Dari kubikel dojo Kendo inilah, Uchiha Sasuke memulai karir gemilangnya di awal tahun. Tahun kelinci adalah tahunnya—begitulah yang disebutkan kakeknya, Uchiha Madara. Bukannya kenapa. Kemungkinan besar disimpulkan dari tahun lahirnya yang pada saat itu memang adalah tahun kelinci.
Suasana ramai membahana menjadi semarak gempita yang tak bisa diungkapkan dengan kata-kata. Pemuda berusia delapan belas tahun ini hanya memusatkan titik fokusnya pada cahaya neon dari atas kepalanya. Seperti ada pusaran air yang berputar-putar di atas kepalanya. Ia nyaris kehilangan nafas sejenak. Tangan yang bergetar hebat berusaha merogoh-rogoh sesuatu dari balik hakama hitamnya. Namun, nihil.
Turbuhaler miliknya pasti terjatuh entah di mana saat ia melakukan pukulan Men pada sang lawan.
Bunyi-bunyian yang memekikkan telinga semakin mencekat saluran nafasnya. Jantung yang meminta pasokan oksigen lebih banyak tak bisa ditolerir oleh paru-parunya. Lagi-lagi, penyakit masa kecilnya itu harus membuatnya terjatuh dan collapsed.

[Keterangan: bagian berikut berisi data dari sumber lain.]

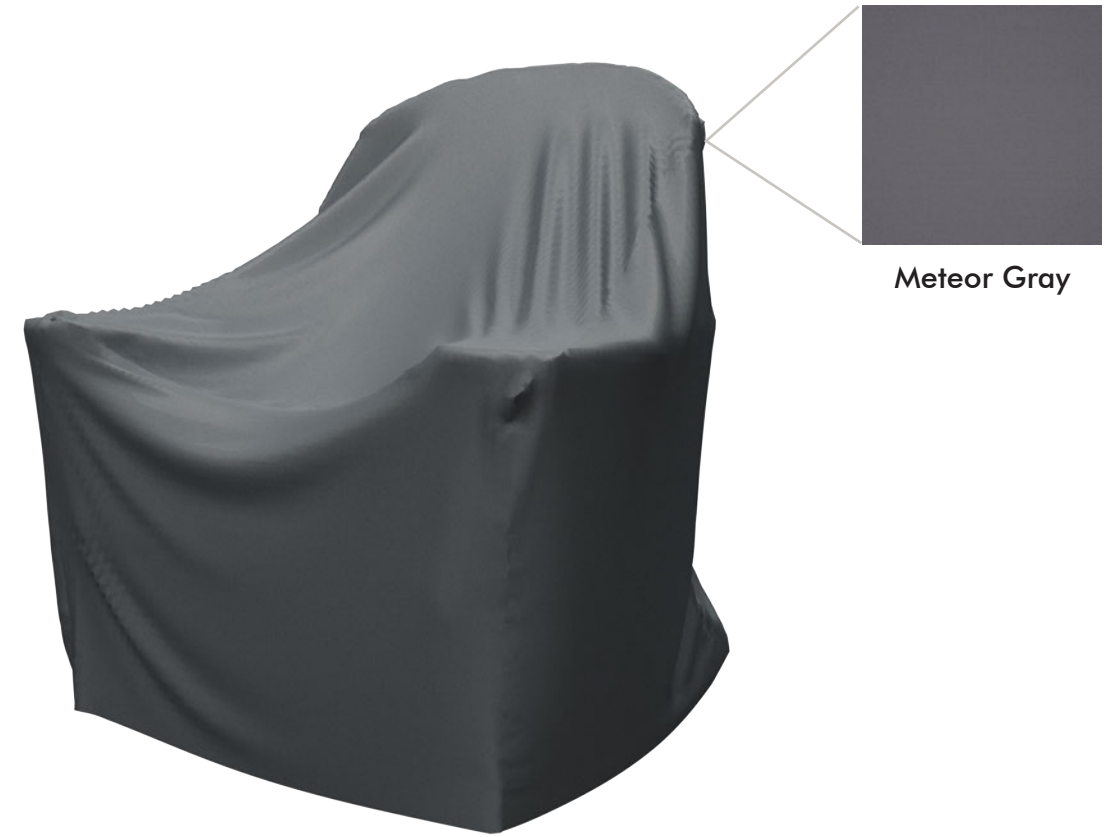

NEW!
FURNITURE COVERS

Furniture covers are available for every piece. Add "-Cover" to the SKU number for orders. For example, AC1 Adirondack cover would be ordered as AC1-Cover. Covers are made out of Sunbrella Hydrofend in Meteor Gray.

PILLOWS

Pillows come in any fabric option.

Keributan terjadi tanpa bisa dihindari. Langkah-langkah bak tapak kuda di atas zona Gladiator membuat telinga Uchiha ini berdengung sesaat. Teriakan kagum dan khawatir membaur jadi satu dan memberi frase-frase yang tak bisa diterjemahkannya. Kondisinya melemah oleh pasokan oksigen yang kian menipis. Bala bantuan berdatangan tapi ia menampiknya. Tubuhnya sudah lemas, tetapi ia tetap berdiri. Namun, jejeran manusia ber-hakama hitam itu satu per satu menjauh kala suara lantang yang begitu nyaring terdengar begitu saja. Sasuke yakin ia didekati sesosok monster buas.
—MATTE TEBAYO! Biar aku saja yang membawanya! Aku yang bertanggung jawab untuk urusan kesehatan peserta di sini! MENYINGKIR KALIAN SEMUA! IA BUTUH RUANG YANG LUAS UNTUK BERNAFAS!"
Dalam kerlap-kerlip neon yang terlihat seperti bintang di mata oniksnya, ia hanya beranggapan bila ia bermimpi. Ya. Ia hanya bermimpi tentang kemenangannya. Semua yang telah dilakukannya hanya bagian dari puzzle yang memecah dalam asa miliknya. Tanpa ia sadari, semuanya berubah gelap dan ia terjatuh...
Ada kuning yang begitu terang. Berbentuk seperti mentari yang bersinar cerah. Padahal, sekarang masih berada di penghujung musim salju. Kenapa rasanya begitu hangat dan sejuk. Kemudian, cerulean berkilau di dasar pelupuk matanya. Ada yang mendekatinya. Terlalu dekat dan sangat dekat. Mentari itu terasa hangat dan seperti ingin membakar kulit wajahnya yang selalu pucat.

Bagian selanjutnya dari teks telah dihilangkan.